Technology is not only useful in providing real-time feedback. The data-driven approach can also identify good performers without any bias inherent in rater-driven evaluations. When Hans Haringa, an executive at Royal Dutch Shell who runs a team that solicits, evaluates, and funds disruptive ideas from inside and outside the company, heard about Knack, he decided to see if it could help him with his task. He asked 1,400 people who had contributed ideas in the past to play Knack games. He then gave Knack information on how the ideas of three-quarters of these people had done in terms of seed funding or more. Using the game and performance data, Knack built a model, which was then used to predict the potential success of the remaining 25 percent of people. “Without ever seeing the ideas,” Haringa noted, “without meeting or interviewing the people who’d proposed them, without knowing their title or background or academic pedigree, Knack’s algorithm had identified the people whose ideas had panned out.

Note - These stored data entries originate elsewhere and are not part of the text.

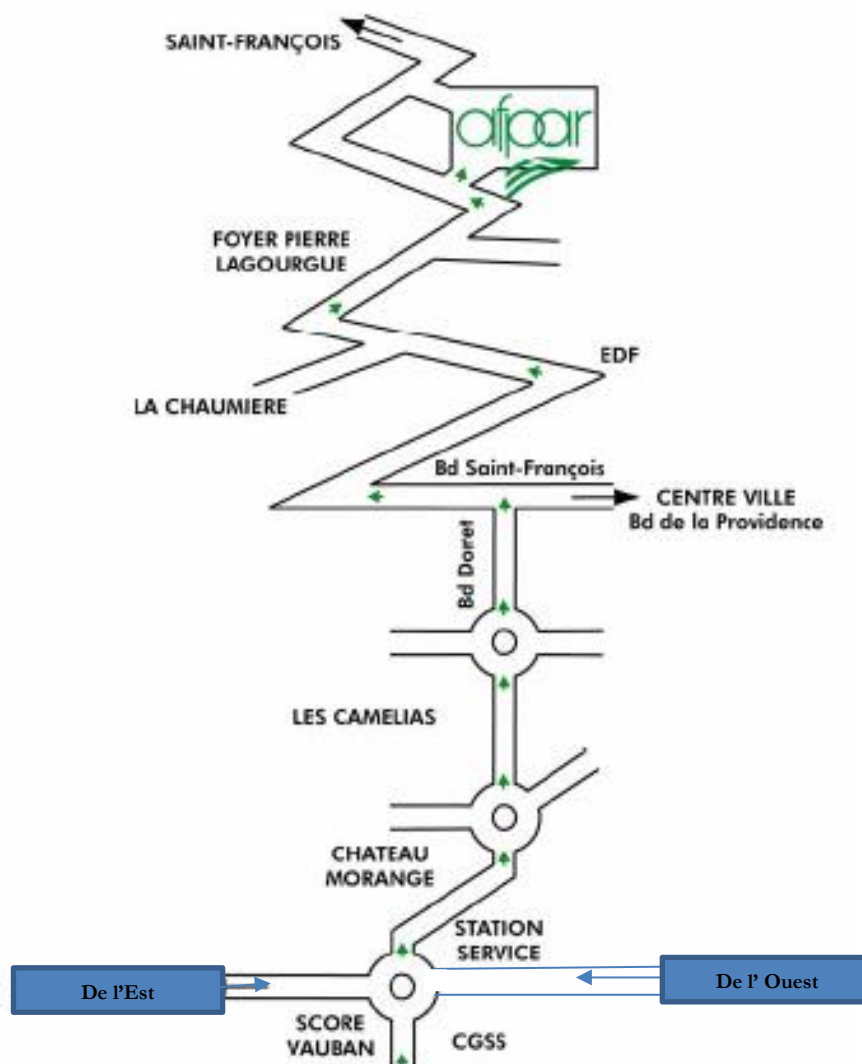

PLAN D'ACCES – Centre AFPAR de Saint-François 70 Boulevard de Saint-François 97487 Saint-Denis Tél. 0262 90 21 90

Accès en bus : Bus n°23 (Hôtel de Ville – l'Evêché) ou n°13 (Victoire- Belvédère) de la Citalis : arrêt : AFPAR

En provenance de l'Ouest ou de l'Est : Accéder par le Boulevard Sud jusqu'au rond point de la CGSS ; puis prendre la direction des Camélias jusqu' au boulevard Saint-François, à l'intersection au feux tricolores, prendre à gauche puis continuer tout droit dans les rampes, l'AFPAR se trouve dans un virage à droite.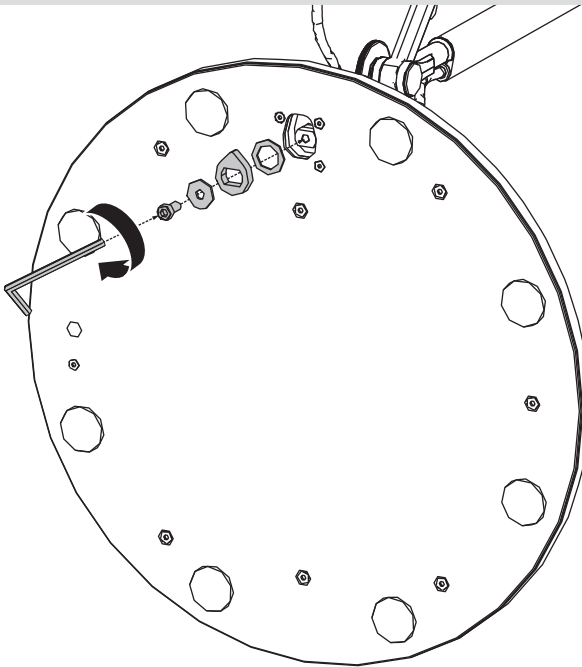

E26/A21 - MAX 22W LED  
cULus SBLED

6

7

8

9

10

11

12

The top 10 percent of the idea generators as predicted by Knack were in fact those who’d gone furthest in the process.”23

Talent Retention

Retaining talented employees is a constant challenge for every organization. Often firms learn about imminent departures too late, when an executive has already secured another job and is ready to move on. If we can predict customer churn for a credit card or a wireless company using historical data of customers’ past usage, why can’t we use a similar approach to predict employee churn? This question has led to the development of new tools that are able to predict, well in advance, the likelihood of an employee leaving a firm. GE is currently testing such an application, to predict six months in advance if an employee is likely to leave, so that the company can design an appropriate intervention before it is too late.24 Scores of academics are using their skills in customer-churn modeling to develop machine-learning algorithms for predicting employee churn.

Human resource decisions ranging from recruiting and training to evaluation and retention will be driven by data and machine-learning algorithms. Machines will not replace human judgment, but they will be major complementary assets to what we currently do to manage talent. The technology revolution is only going to accelerate in the future, and we better prepare and brace ourselves for it.